> **Action item**
In the records below, begin at the line containing "CDA Sting Girls 99–00" and end at the line containing "Dots are actual"; quote every line in that span exactly, including both boundary lines, and no others.

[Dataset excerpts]
----
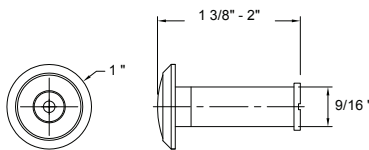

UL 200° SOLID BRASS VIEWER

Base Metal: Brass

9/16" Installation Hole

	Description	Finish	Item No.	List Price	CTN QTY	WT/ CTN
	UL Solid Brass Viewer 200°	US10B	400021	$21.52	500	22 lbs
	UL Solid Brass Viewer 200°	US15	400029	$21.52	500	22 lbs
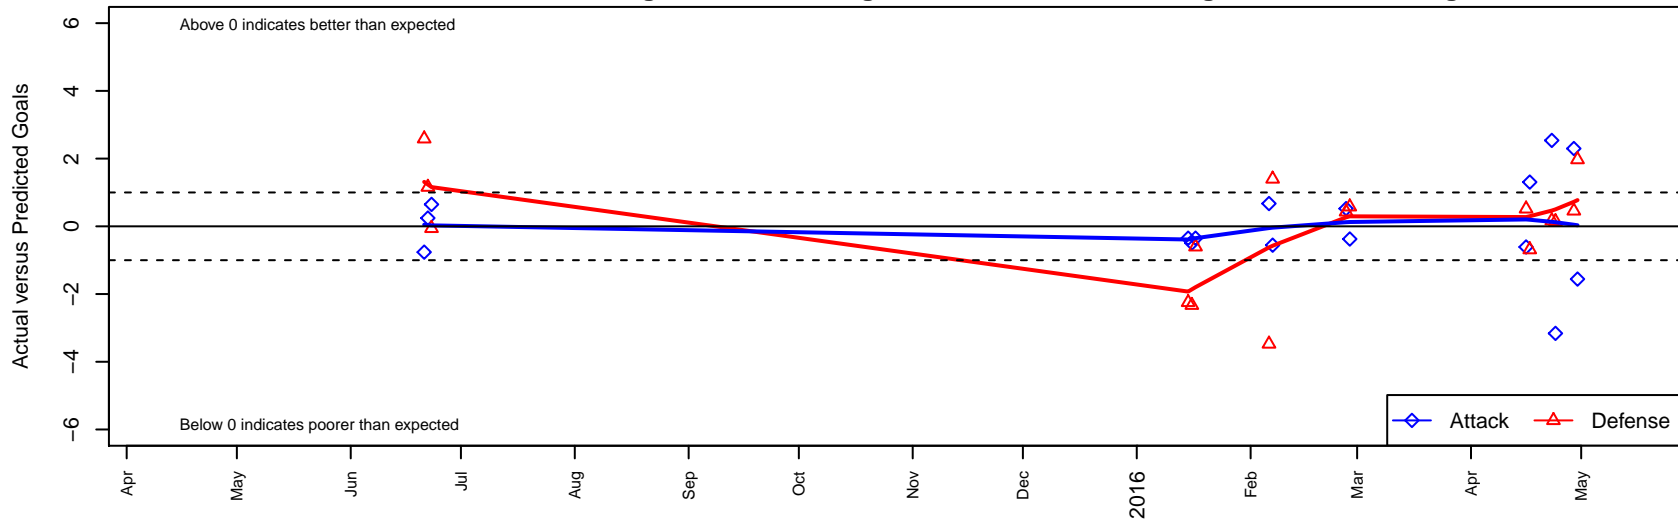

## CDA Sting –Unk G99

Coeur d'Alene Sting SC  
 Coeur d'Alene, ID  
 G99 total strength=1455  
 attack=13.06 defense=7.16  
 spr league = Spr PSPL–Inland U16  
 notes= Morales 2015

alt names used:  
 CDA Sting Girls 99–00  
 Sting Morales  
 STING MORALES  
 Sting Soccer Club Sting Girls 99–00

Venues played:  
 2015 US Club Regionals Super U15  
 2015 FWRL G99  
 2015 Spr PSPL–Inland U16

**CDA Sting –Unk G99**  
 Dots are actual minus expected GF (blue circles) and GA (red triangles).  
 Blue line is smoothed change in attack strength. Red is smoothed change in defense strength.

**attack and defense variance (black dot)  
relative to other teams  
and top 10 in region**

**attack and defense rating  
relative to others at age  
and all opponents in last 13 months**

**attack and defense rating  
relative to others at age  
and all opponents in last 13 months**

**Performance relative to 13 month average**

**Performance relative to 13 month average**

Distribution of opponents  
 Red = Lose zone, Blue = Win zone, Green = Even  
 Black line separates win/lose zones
----
> **Written solution**
 CDA Sting Girls 99–00  
 Sting Morales  
 STING MORALES  
 Sting Soccer Club Sting Girls 99–00

Venues played:  
 2015 US Club Regionals Super U15  
 2015 FWRL G99  
 2015 Spr PSPL–Inland U16

**CDA Sting –Unk G99**  
 Dots are actual minus expected GF (blue circles) and GA (red triangles).  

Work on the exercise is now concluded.